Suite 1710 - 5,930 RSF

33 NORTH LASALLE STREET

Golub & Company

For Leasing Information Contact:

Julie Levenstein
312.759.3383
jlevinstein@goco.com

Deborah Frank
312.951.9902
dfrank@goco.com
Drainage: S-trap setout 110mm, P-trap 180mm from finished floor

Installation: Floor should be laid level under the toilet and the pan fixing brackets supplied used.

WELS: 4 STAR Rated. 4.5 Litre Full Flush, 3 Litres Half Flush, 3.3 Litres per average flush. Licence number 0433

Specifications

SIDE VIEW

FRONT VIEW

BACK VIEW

※ ※ ※

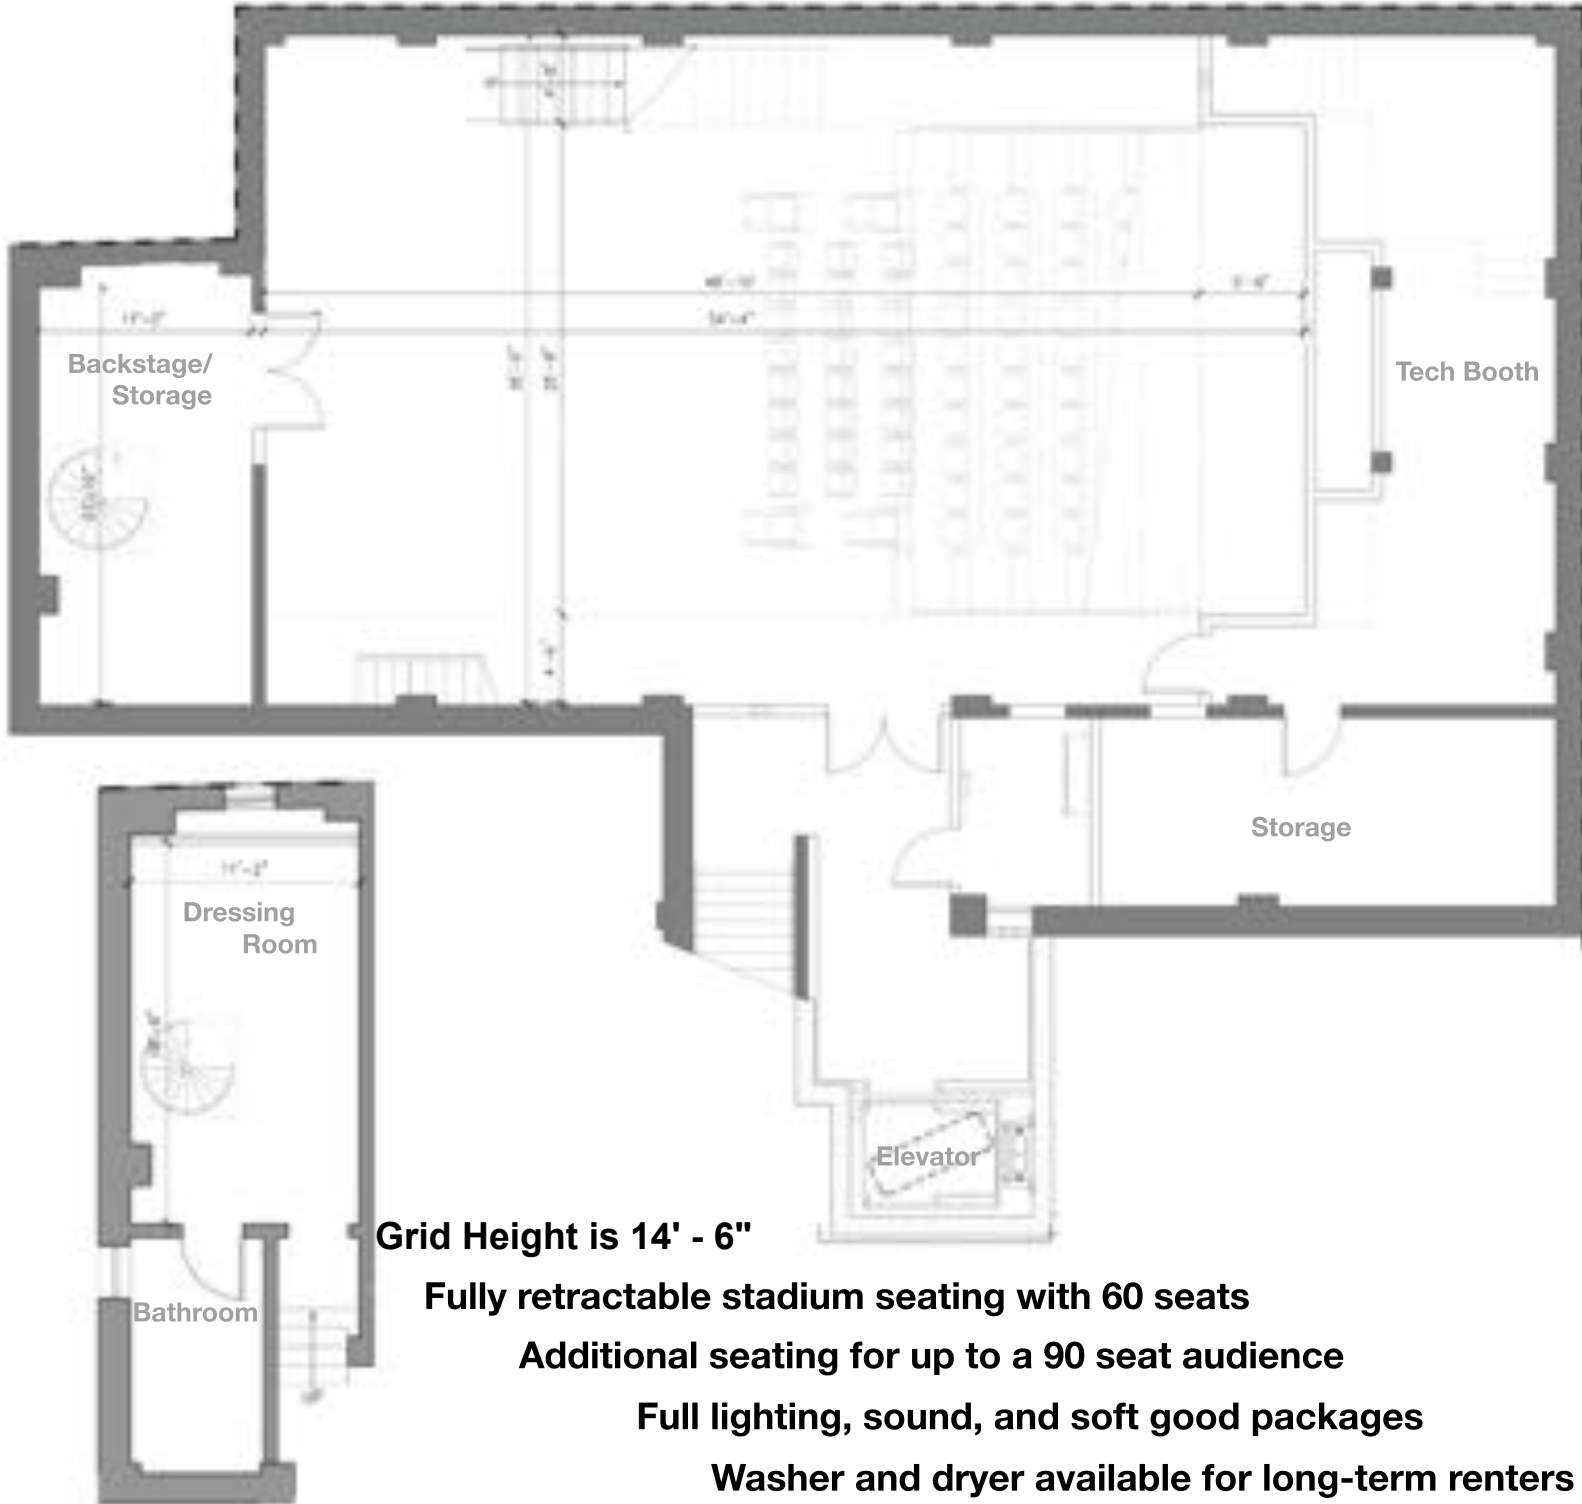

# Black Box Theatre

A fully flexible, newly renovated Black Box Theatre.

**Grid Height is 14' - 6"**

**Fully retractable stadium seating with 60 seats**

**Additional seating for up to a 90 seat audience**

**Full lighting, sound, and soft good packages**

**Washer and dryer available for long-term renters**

※ ※ ※

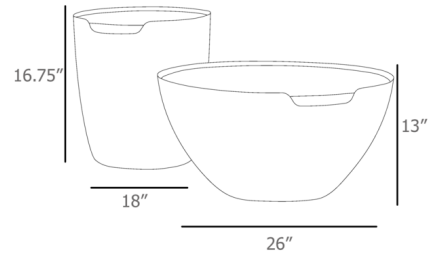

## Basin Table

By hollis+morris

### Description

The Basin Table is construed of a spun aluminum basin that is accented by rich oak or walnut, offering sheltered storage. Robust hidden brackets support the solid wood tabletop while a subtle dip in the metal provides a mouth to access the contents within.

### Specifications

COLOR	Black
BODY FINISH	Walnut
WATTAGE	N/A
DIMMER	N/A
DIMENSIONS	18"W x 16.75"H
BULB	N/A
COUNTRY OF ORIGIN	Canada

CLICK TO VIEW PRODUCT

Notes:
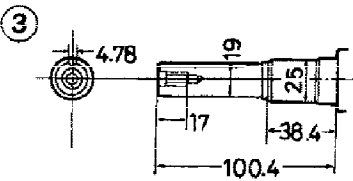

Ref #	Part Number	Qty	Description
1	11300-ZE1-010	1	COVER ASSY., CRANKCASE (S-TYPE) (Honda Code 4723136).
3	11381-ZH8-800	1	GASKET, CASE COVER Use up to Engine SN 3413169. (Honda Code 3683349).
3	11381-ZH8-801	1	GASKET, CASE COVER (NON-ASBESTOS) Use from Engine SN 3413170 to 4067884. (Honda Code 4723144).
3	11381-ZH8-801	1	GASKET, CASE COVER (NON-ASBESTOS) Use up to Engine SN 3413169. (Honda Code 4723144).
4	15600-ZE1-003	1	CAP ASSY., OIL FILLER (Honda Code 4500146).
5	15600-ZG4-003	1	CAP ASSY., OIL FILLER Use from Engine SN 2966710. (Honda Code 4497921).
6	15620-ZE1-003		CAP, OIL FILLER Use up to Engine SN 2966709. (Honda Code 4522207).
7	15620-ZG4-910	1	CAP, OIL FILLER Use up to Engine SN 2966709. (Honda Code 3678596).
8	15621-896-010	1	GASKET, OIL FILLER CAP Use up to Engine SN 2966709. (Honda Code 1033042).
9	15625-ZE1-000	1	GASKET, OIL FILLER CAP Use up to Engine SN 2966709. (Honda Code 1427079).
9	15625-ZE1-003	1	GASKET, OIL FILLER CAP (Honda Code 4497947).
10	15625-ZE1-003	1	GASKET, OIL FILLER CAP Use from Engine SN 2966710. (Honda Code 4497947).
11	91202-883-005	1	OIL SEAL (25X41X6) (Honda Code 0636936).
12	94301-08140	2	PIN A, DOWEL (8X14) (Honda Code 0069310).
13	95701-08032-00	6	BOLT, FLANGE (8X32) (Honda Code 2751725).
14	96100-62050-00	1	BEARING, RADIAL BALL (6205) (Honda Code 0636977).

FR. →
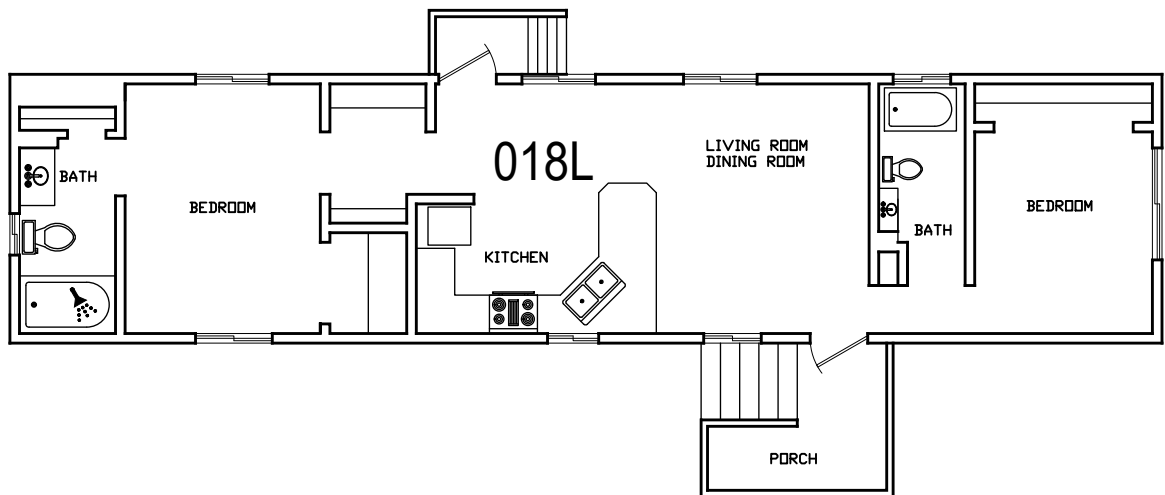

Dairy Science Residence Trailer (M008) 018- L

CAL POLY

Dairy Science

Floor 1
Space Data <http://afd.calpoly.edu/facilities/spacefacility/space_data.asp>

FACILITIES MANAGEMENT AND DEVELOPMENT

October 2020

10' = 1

※ ※ ※

**Exercise details**. Report the number of lines of the listing above that hold the string "goco", with no other text.

**Exercise response**. 2